**** ENTRIES SHOWN ****

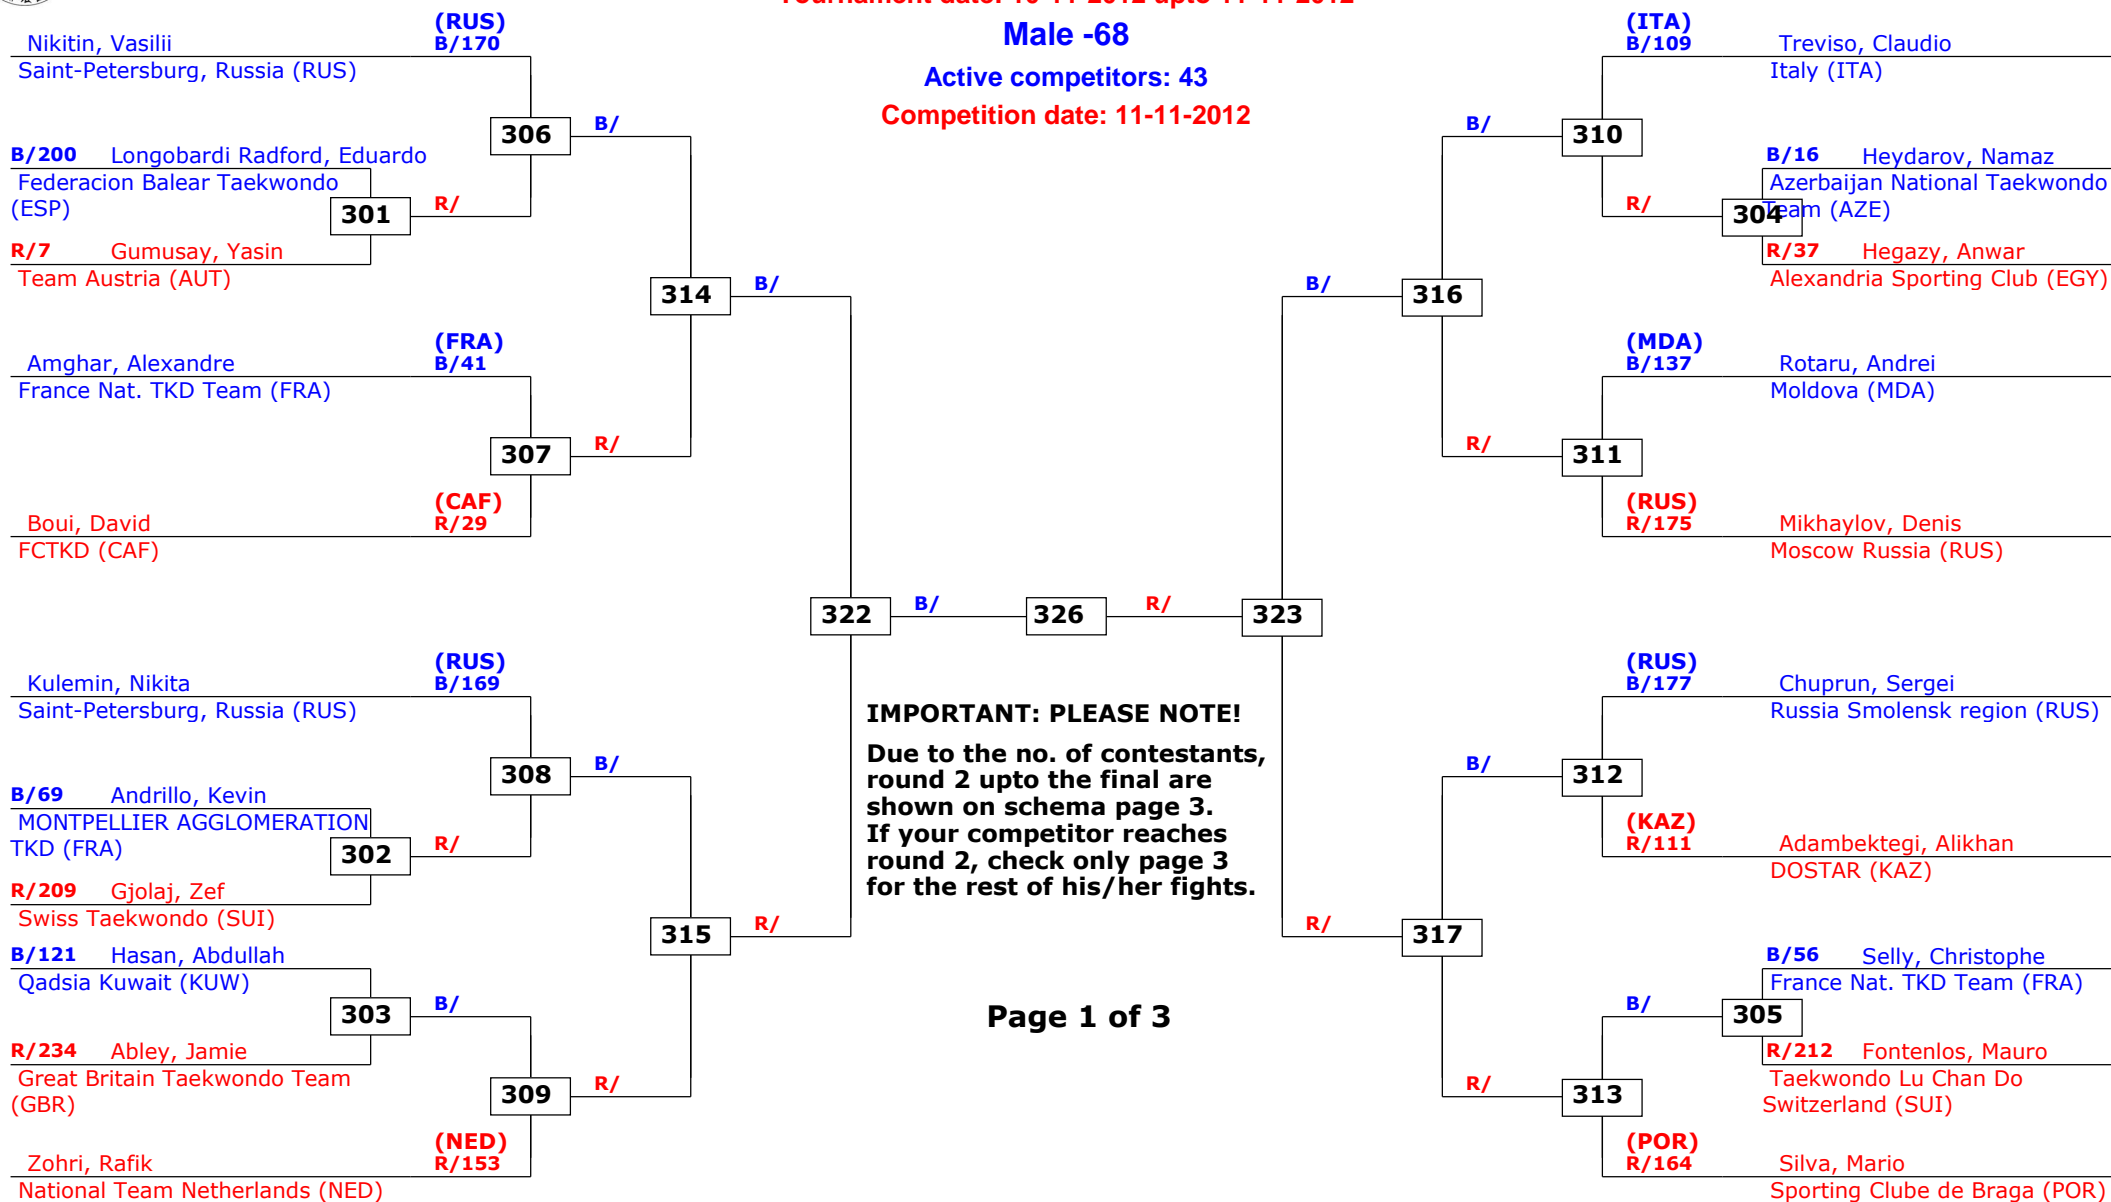

Swiss Open 2012

Lausanne, Switzerland

Tournament date: 10-11-2012 upto 11-11-2012

Male -68

Active competitors: 43

Competition date: 11-11-2012

1st rnd

2nd rnd

3rd rnd

QF

SF

QF

3rd rnd

2nd rnd

1st rnd

Swiss Open 2012
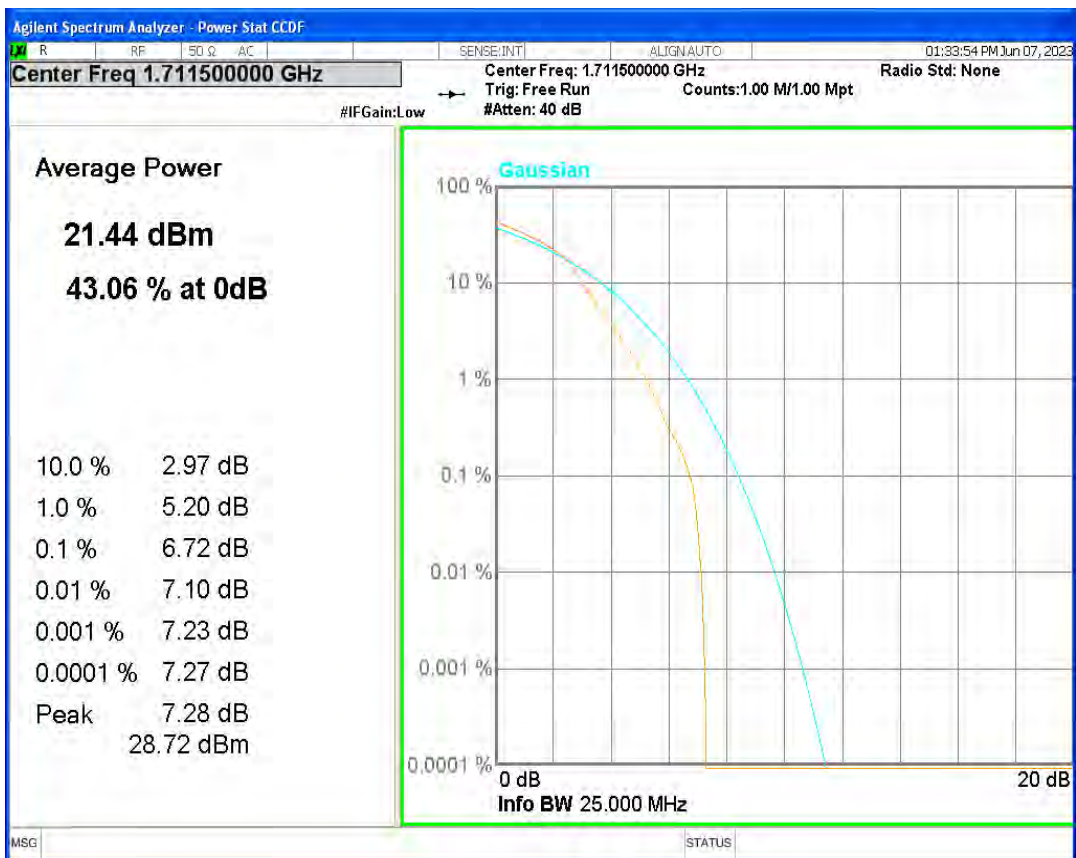

Band4 16QAM BW=20MHz Channel=20050 RB Size=1 Position=#0

Band4 16QAM BW=20MHz Channel=20175 RB Size=1 Position=#0

Band4 16QAM BW=20MHz Channel=20300 RB Size=1 Position=#0

Band4 16QAM BW=3MHz Channel=19965 RB Size=1 Position=#0
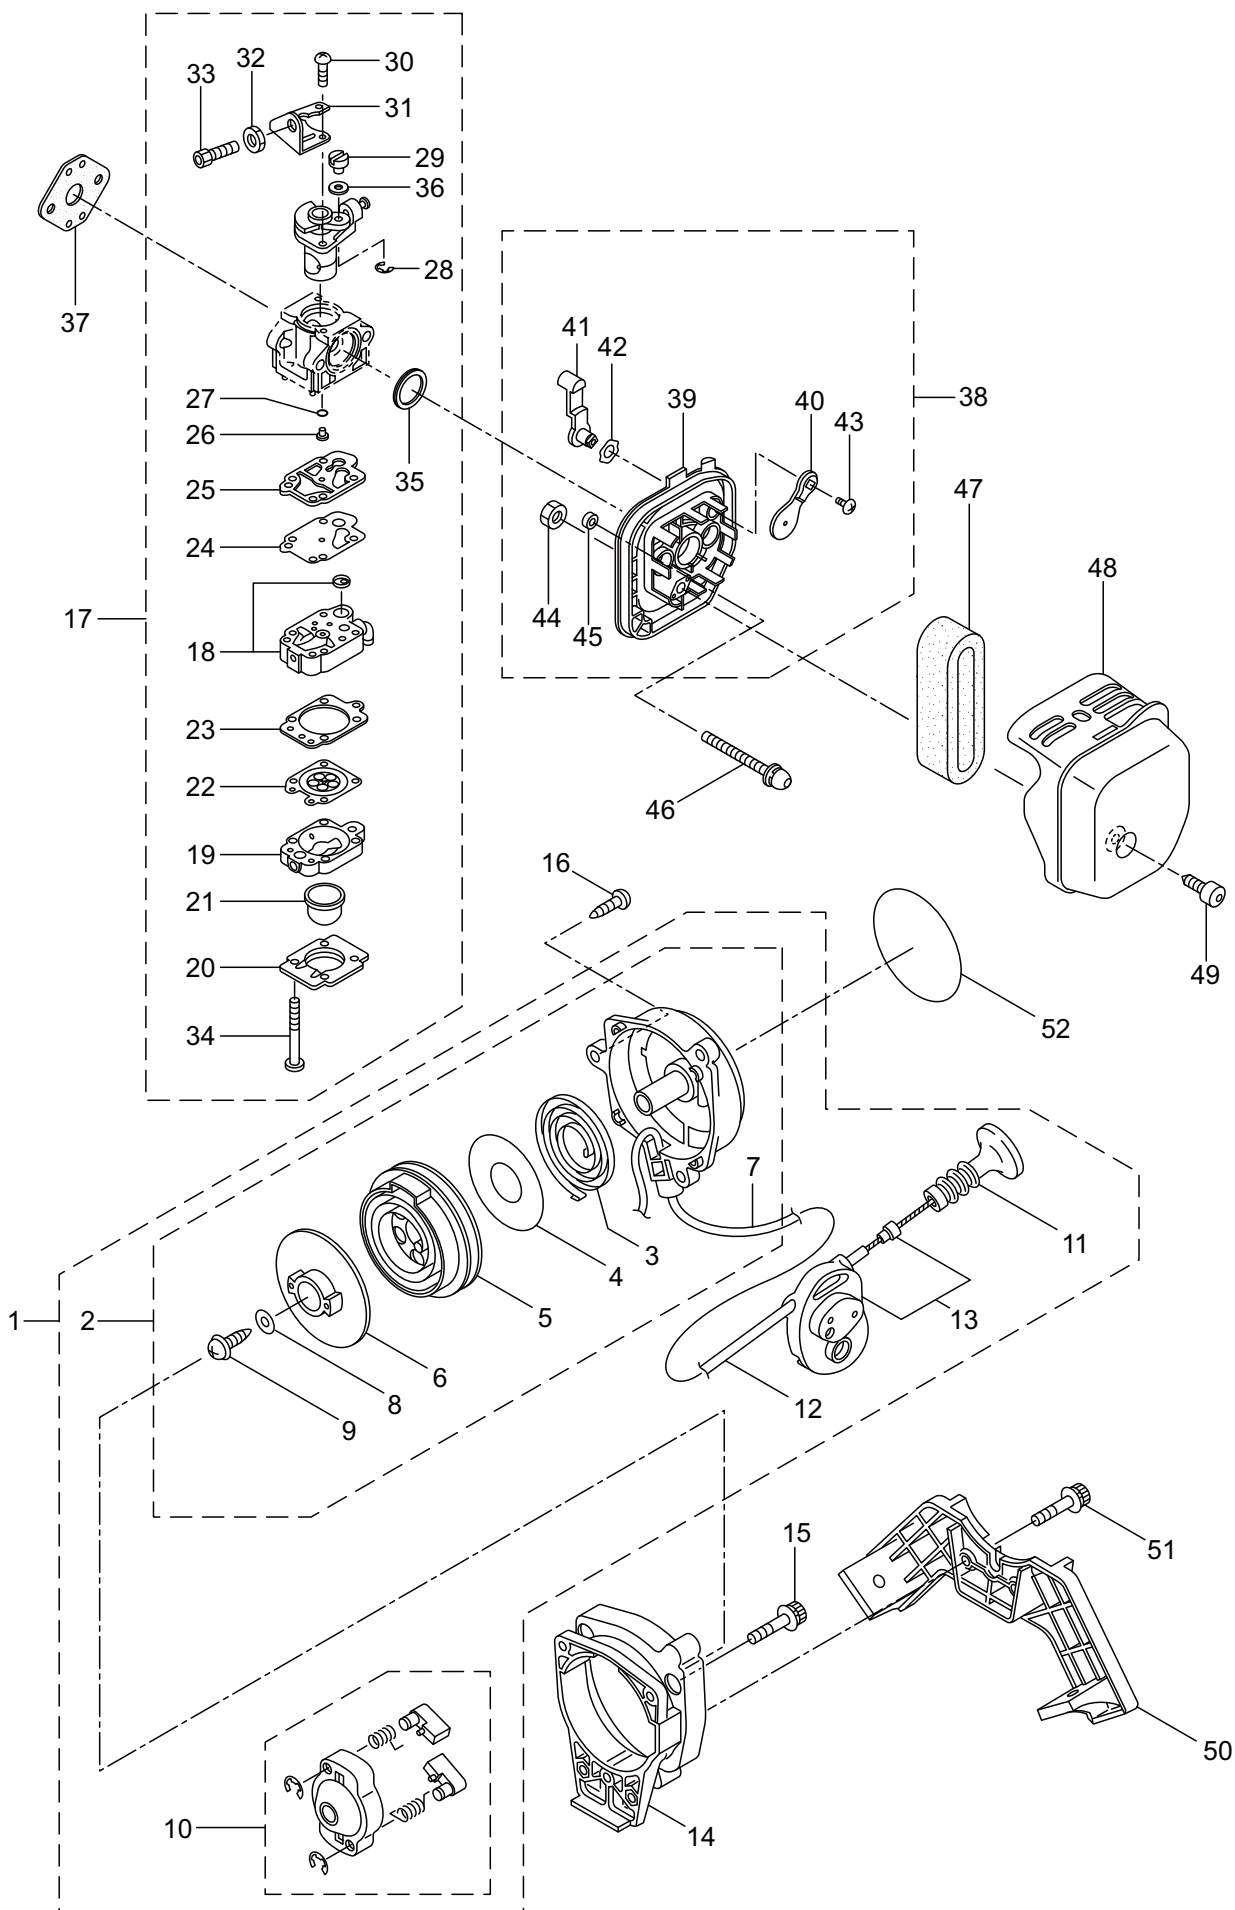

6. PS25 FOG KING
CARBURETOR, RECOIL STARTER

Ref. No.	Parts No.	Parts Name	Q'ty	Remarks
6-1	282490	Recoil Starter Ass'y	1	Incl.2-13
6-2	281454	Recoil Starter Ass'y	1	Incl.3-9
6-3	269495	Recoil Spring	1	
6-4	280114	Thrust Disk	1	
6-5	281455	Spring Case Ass'y	1	
6-6	280110	Pulley	1	
6-7	281621	Starter Rope	1	
6-8	269501	Washer	1	
6-9	269502	Screw	1	
6-10	269492	Starter Pulley Ass'y	1	
6-11	280808	Grip	1	
6-12	125800	Pipe	1	8x10x390
6-13	125964	Throttle Case Ass'y	1	
6-14	282563	Adapter Ass'y	1	
6-15	265726	Cap Screw	3	M4x16
6-16	280144	Tapping Screw	3	M4x16
6-17	282958	Carburetor Ass'y	1	Incl.18-36
6-18	263739	Pump Body	1	
6-19	262991	Purge Body	1	
6-20	262992	Cover Plate	1	
6-21	261874	Primer Bulb	1	
6-22	283905	Diaphragm, Meterring	1	
6-23	262993	Gasket	1	
6-24	262994	Diaphragm, Fuel Pump	1	
6-25	282576	Gasket	1	
6-26	268574	Main Jet	1	
6-27	261871	O-Ring	1	
6-28	261876	E-Ring	1	
6-29	261658	Swivel	1	
6-30	261875	Screw	2	
6-31	264677	Bracket	1	
6-32	261878	Nut	1	M6
6-33	261877	Adapter	1	
6-34	262996	Screw	4	
6-35	261657	Packing	1	
6-36	264678	Washer	1	
6-37	261864	Gasket	1	
6-38	284821	Case Ass'y	1	Incl.39-45
6-39	269026	Case Body	1	
6-40	284802	Valve	1	
6-41	284803	Lever	1	
6-42	284816	Washer	1	6.4x11x0.15
6-43	269032	Screw	1	M3.5x8
6-44	126993	Nut	1	M5x0.8
6-45	269051	Sleeve	2	5.5x7.1x3
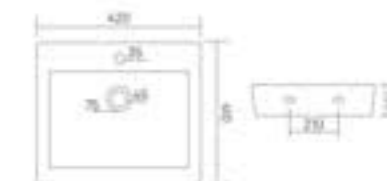

ADDY

Wall Hung Basin
L 410 W 375 H 155

designed
for glory

LYRA

Wall Hung Basin
L 425 W 400 H 160

MARK

Wall Hung Basin
L 425 W 300 H 100

LORIC

Wall Hung Basin
L 420 W 410 H 100
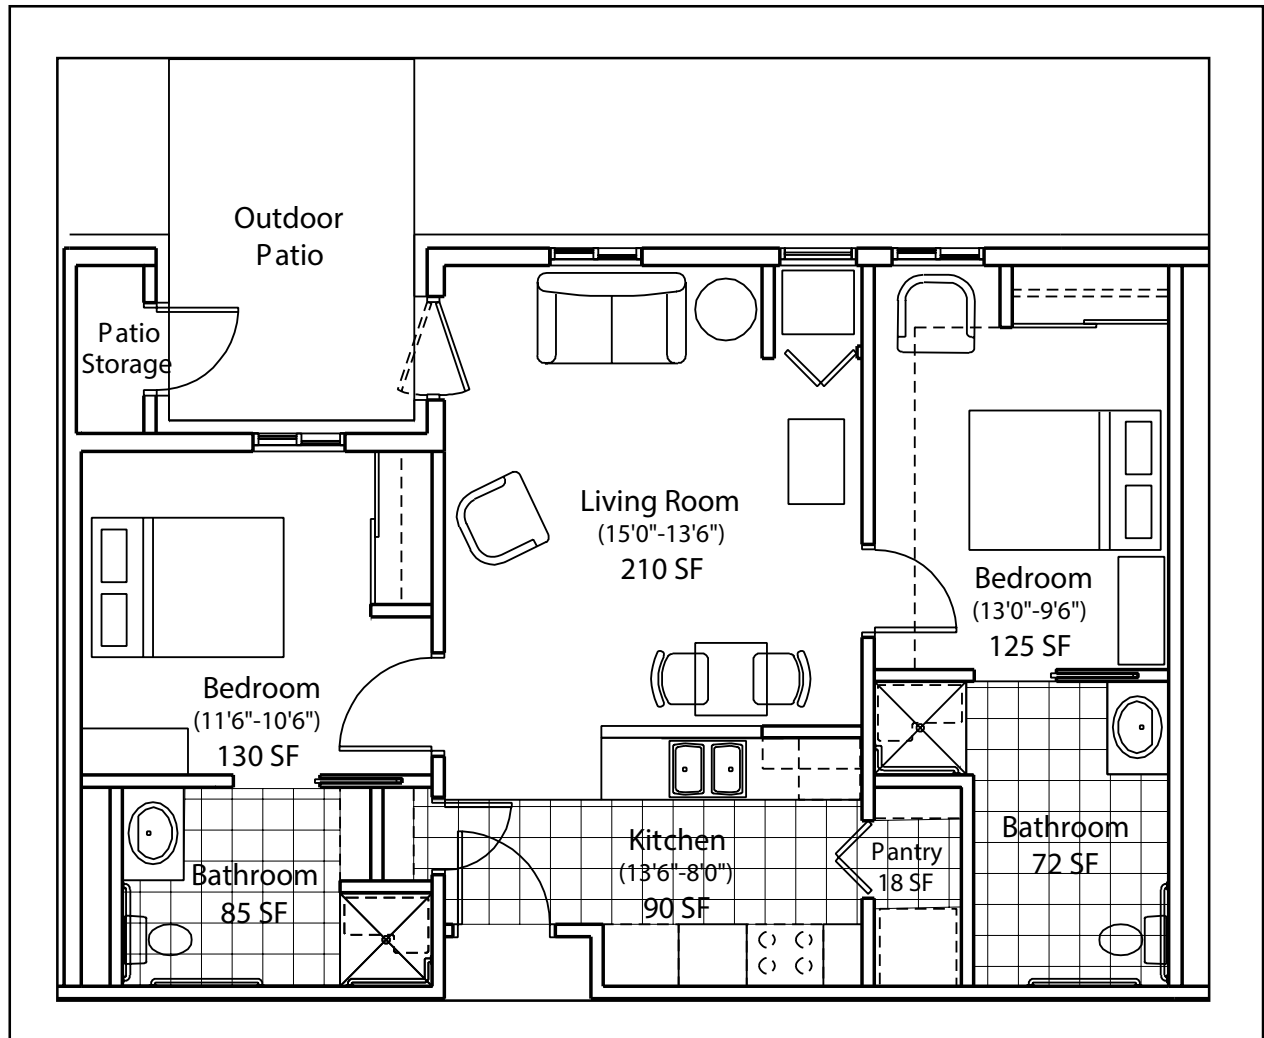

Assisted Living

Two Bedroom Floor Plan

2 Bedrooms | 2 Bathrooms | 730 Square Feet

Assisted Living

Two Bedroom Floor Plan

2 Bedrooms | 2 Bathrooms | 730 Square Feet

****

→ ASSIGNMENT
Nothing but a number belongs in the answer, namely how many lines above include "Body".

→ RESULT OF THE TASK
3